2. Make sure you are on the electoral role
Make sure that when you move house, you register to vote at your new address as soon as possible. This can improve your score within 8 weeks as Councils send voter data to credit reference agencies once a month. Don't wait for the annual reminder, apply as soon as possible at Gov.uk.
3. Never miss a payment or make a payment late
Making sure you can pay you bills on time is the best way to prove to lenders that you can manage your finances effectively. Missing or defaulting on a payment can have a disproportionate impact on your credit score. Doing this once or twice can impact your credit score for years, and defaults in the previous 12 months will impact you the most. Paying your bills by direct debit will make sure you don't miss a payment or are late. If you do miss a payment or are worried that you can't make a payment then contact your provider as soon as possible.
4. Make sure your finances aren't linked to someone with a bad credit score
If you have a joint account with someone with a poor credit score, this can affect your credit score. Breaking these financial links could boost your credit score within a month. Joint accounts that are considered here are a joint mortgage, joint loan, joint bank account and, in certain circumstances, joint utility bills.
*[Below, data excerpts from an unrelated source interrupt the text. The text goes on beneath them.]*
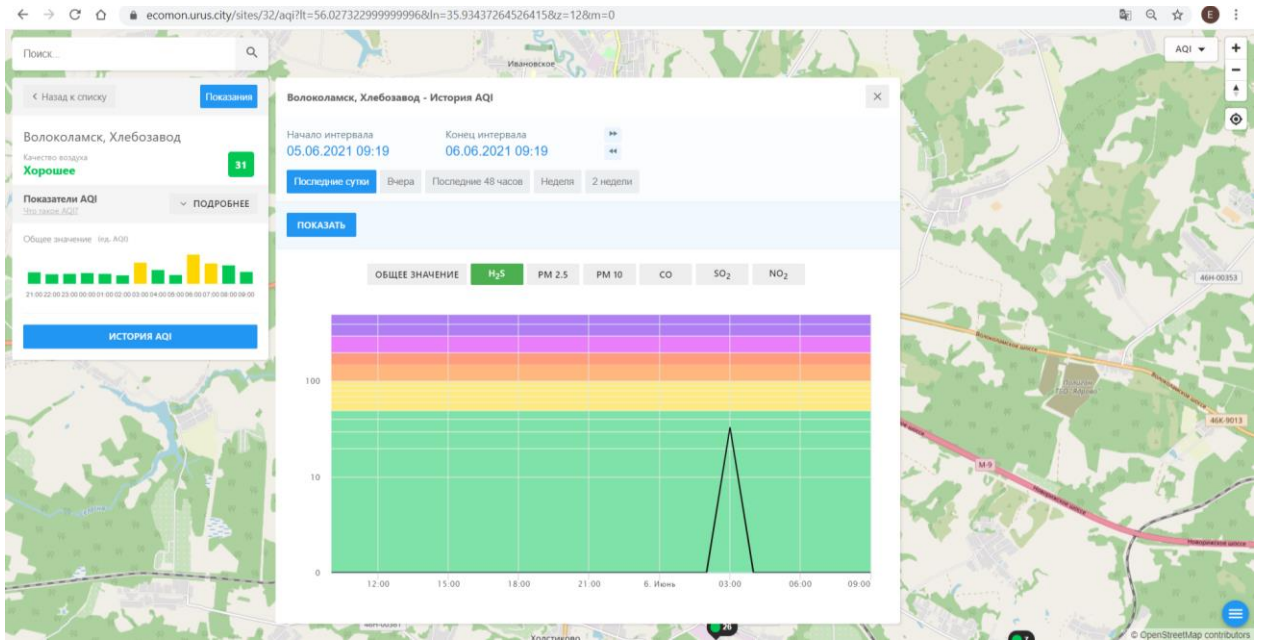

Поиск...

← Назад к списку Послать

Волоколамск, Нелидово
Качество воздуха
Хорошее 7

Показатели AQI ПОДРОБНЕЕ
500 значений AQI

Общие значения: (из AQI)

21:00 22:00 23:00 00:00 01:00 02:00 03:00 04:00 05:00 06:00 07:00 08:00 09:00

ИСТОРИЯ AQI

Волоколамск, Нелидово - История AQI

Начало интервала: 05.06.2021 09:17 Конец интервала: 06.06.2021 09:17

Последние сутки Вчера Последние 48 часов Неделя 2 недели

ПОКАЗАТЬ

ОБЩЕЕ ЗНАЧЕНИЕ H₂S PM 2.5 **PM 10** CO SO₂ NO₂

Время	PM 10
12:00	10
15:00	8
18:00	10
21:00	12
6. Июнь	10
03:00	8
06:00	5
09:00	5

Поиск...

← Назад к списку Показать

Волоколамск, Хлебозавод

Качество воздуха **Хорошее** 31

Показатели AQI ПОДРОБНЕЕ

Общие значения: (по AQI)

ИСТОРИЯ AQI

Волоколамск, Хлебозавод - История AQI

Начало интервала: 05.06.2021 09:19 Конец интервала: 06.06.2021 09:19

Последние сутки Вчера Последние 48 часов Неделя 2 недели

ПОКАЗАТЬ

ОБЩЕЕ ЗНАЧЕНИЕ H₂S PM 2.5 PM 10 **CO** SO₂ NO₂

If you break up with someone that you've had joint finances with, you will need to make sure you de-link your finances and contact the credit reference agencies and ask for a notice of disassociation. This will stop their credit score affecting yours in the future. You will need to no longer have a joint account or joint loan with your ex for the credit agencies to do this.,
5. Limit credit applications
Applying for credit frequently in a short space of time can negatively impact your credit score. If you’ve been turned down for credit, you should avoid applying for credit again immediately. It makes lenders think that you are overly reliant on credit and are therefore higher risk. Each application for credit will record a hard search on your report which companies can see, and this is on your file for a year. It's therefore good to space out your credit applications, for example a maximum of one every 3 months.
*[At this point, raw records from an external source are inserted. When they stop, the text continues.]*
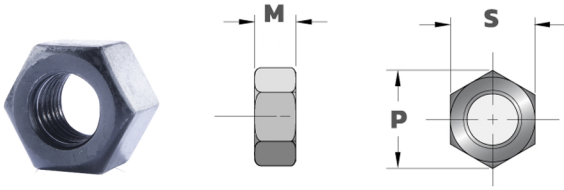

หัวน็อต ชุบสังกะสี Hot Dip Galvanized (HDG.)

Size	M8	M10	M12	M14	M16	M18	M20	M22	M24	M27	M30
Unit Price	500	400	300	100	100		70	50	50	50	25

* โบนัสไซต์

หัวน็อตล็อคแบบบีบ

Size	d	e	m	s	t	u	v	Pcs/Box	Unit Price
M6	5.3	11.5	3.0	10.0	0.4	3.0	8.0	1,000	
M8	6.9	15.0	3.5	13.0	0.5	3.5	10.0	500	
M10	8.6	19.6	4.0	17.0	0.5	4.0	12.0	400	
M12	10.4	21.9	4.5	19.0	0.6	4.5	14.5	300	
M16	14.1	27.7	5.0	24.0	0.7	5.0	18.0	100	
M20	17.6	34.6	6.0	30.0	0.8	6.0	22.0	70	
M24	21.0	41.6	7.0	36.0	0.9	6.5	26.0	50	
M30	26.6	63.1	8.0	46.0	1.1	8.0	34.0	30	
M36	32.6	63.5	9.0	55.0	1.3	10.0	40.0	70	

หัวน็อตขอบยาง

d (Diameter)	M10	M12	M16	M20	M22	M24	M27	M30	M33	M36	M39	M42	M45	M48	M52
p (Pitch)	15	17.5	2.0	2.5	2.5	3.0	3.0	3.5	3.5	4.0	4.0	4.0	4.0	5.0	5.0
k (Head Thickness)	5	6	8	9	10	10	11	12	14	14	16	16	18	18	20
s (Width across flat)	17	19	24	30	32	36	41	46	50	55	60	65	70	75	80

หัวน็อต เหล็กชุบสังกะสี

Size	M10	M12	M16	M20	M22	M24
เหล็กชุบสังกะสี p	15	17.5	2.0	2.5	2.5	3.0
Unit Price

6. Avoid using your credit card to withdraw cash
Many lenders view this as evidence of poor money management, except for when you withdraw cash on a specialist card abroad. Withdrawing cash on a credit card is expensive as you're charged for this, even if you repay in full each month.
7. Try and stay under 30% of your credit card balance
If you have a credit card limit of £6,000 then try and keep the balance below £1,800. Usually a lower balance on your credit card will be seen positively be lenders.
It's important to know your credit score and check it frequently. It is also a good way for you to be alerted to and report any fraudulent activity such as borrowing in your name.